The Ridges of 2009 contrasts sharply with the image of the old Ridges. For one: it isn’t in the Ridges. This is the Appalachian Behavioral Healthcare building, and it is located in the shadow of its predecessor, nestled safely between the Hocking River and Union Street. The facilities in the Ridges were closed for Behavioral Healthcare in 1994, and the in-patients were relocated to the new, smaller and less imposing center. A handful of patients from the merger still remain in the facility, going about their day-to-day business as if they never moved.
Secondly, “The Ridges” never existed — at least not the way it does in the Athenian imagination.
The Ridges of Athens’ imagination is synonymous with pain, suffering and horror. The Ridges of Athens’ imagination is filled with souls of the damned wasting away until judgment day. The Ridges of Athens’ imagination is where spirits of the mistreated and misunderstood mentally ill cry out for justice in the night, sharpening their scythes in the name of vengeance.
But the Ridges of Athens’ reality resembled Christmas at grandma’s house more than the medieval torture orgy most believe it to be.
“The creation of the Ridges was a joyous thing,” Eberts explained, “The mentally ill had the dignity of raising their own food and providing for themselves. It was a glorified group home. They did potlucks, interacted with each other and watched movies.”
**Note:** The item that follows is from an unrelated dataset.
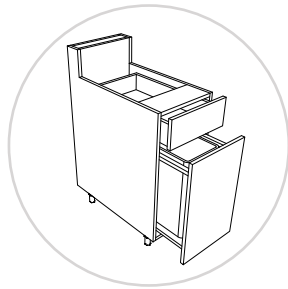

15" Cabinet

Potlucks and movies don’t scream “eternal damnation.” Pre-1950, the Ridges was a community for the mentally ill of southeast Ohio. It was a place for them to grow their own food and take care of themselves without the pressures of the outside. Post 1950, treatment became more realistic with the effectiveness of Thorazine-based drugs. And by 1994, enough people had moved to outpatient residential options that the massive facility no longer was needed.
Today, perceptions have changed. Mental illness no longer is equivocated with horror. Every college student who has taken a Psych 101 class can define depression. Knowledge is creeping into the mainstream. But still, stigma exists.
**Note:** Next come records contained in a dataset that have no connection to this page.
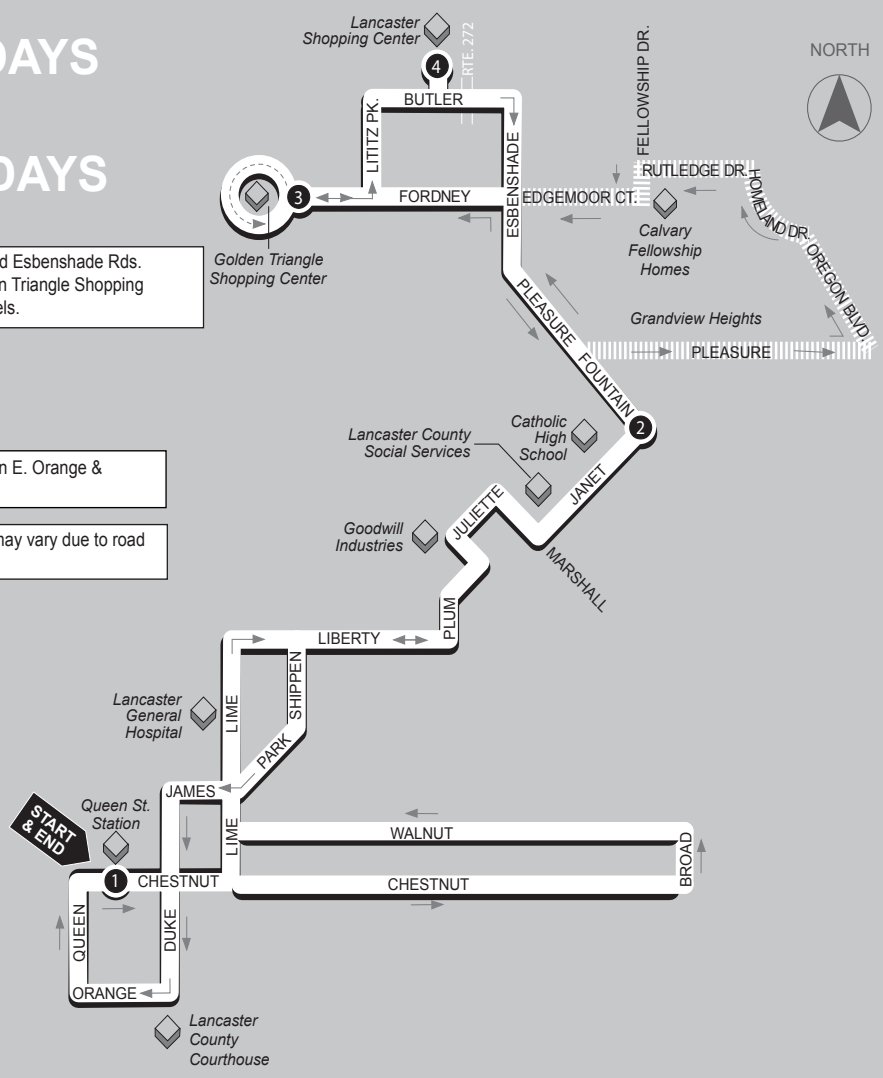

**WEEKDAYS  
&  
SATURDAYS**

A - Trip starts at Fordney and Esbenshade Rds.  
B - Trips do not enter Golden Triangle Shopping Center or stop at Michaels.

Stop 'n Go bus stop located on E. Orange & Christian Streets.

Times are approximate and may vary due to road and traffic conditions.

Map not to scale.

**BUS STARTS**

Queen St. Station  
Transit Center  
225 N. Queen St.

**Does bus travel Chestnut St. to Broad St. & not travel Pleasure Rd to Edgemore Rd?**

**BUS DEPARTS**

Janet Ave. & Fountain Ave.

**BUS DEPARTS**

Golden Triangle Shopping Ctr.

**BUS DEPARTS**

Lancaster Shopping Ctr. Michaels

**BUS DEPARTS**

Janet Ave. & Fountain Ave.

RED ROSE TRANSIT AUTHORITY  
45 Erick Road, Lancaster, PA 17601  
www.redrosetransit.com

To witness the second floor of the Behavioral Healthcare center, you have to sign two documents: one hospital-policy, one governmental decree — both promising silence. You have to agree not to take any recording equipment to the second floor. You cannot divulge the names of anyone you meet.
Their lives are secret and their names are unknown, just like the headstones that litter the landscape of the Ridges. But unlike those headstones, they are very much alive.
You just wouldn’t know it. Confidentiality dictates that you cannot see them. Stigma dictates that you cannot know them.
She’s back on the rear porch of Baker. Everything is different this time. It is the end of the day instead of the beginning, the weather feels like autumn instead of summer, and the tables surrounding her are mostly empty instead of full. But she says that she feels the same.
“Nothing’s really changed since the last time I talked to you, you know,” she said.
A beat passes.
“I did see someone at Hudson. … He was supposed to be pretty good with borderline personality disorders. I came into his office, and I started talking to him about serious stuff. And at the end of the session he said, ‘I don’t see that you have much hope.’ ‘Do you want to treat me?’ I asked. ‘Not if you’re going to come here and whine everyday,’ he said.”
She has seen this psychologist twice. And she is going to see him again. She doesn’t know if she has any other options. He says he can help, and she knows she needs it. She wants it.
The interview is over. She stands up to leave. I ask her if I can publish her name along with her mental illness for my story.
Her first name is Alex. Her last name is lost to stigma.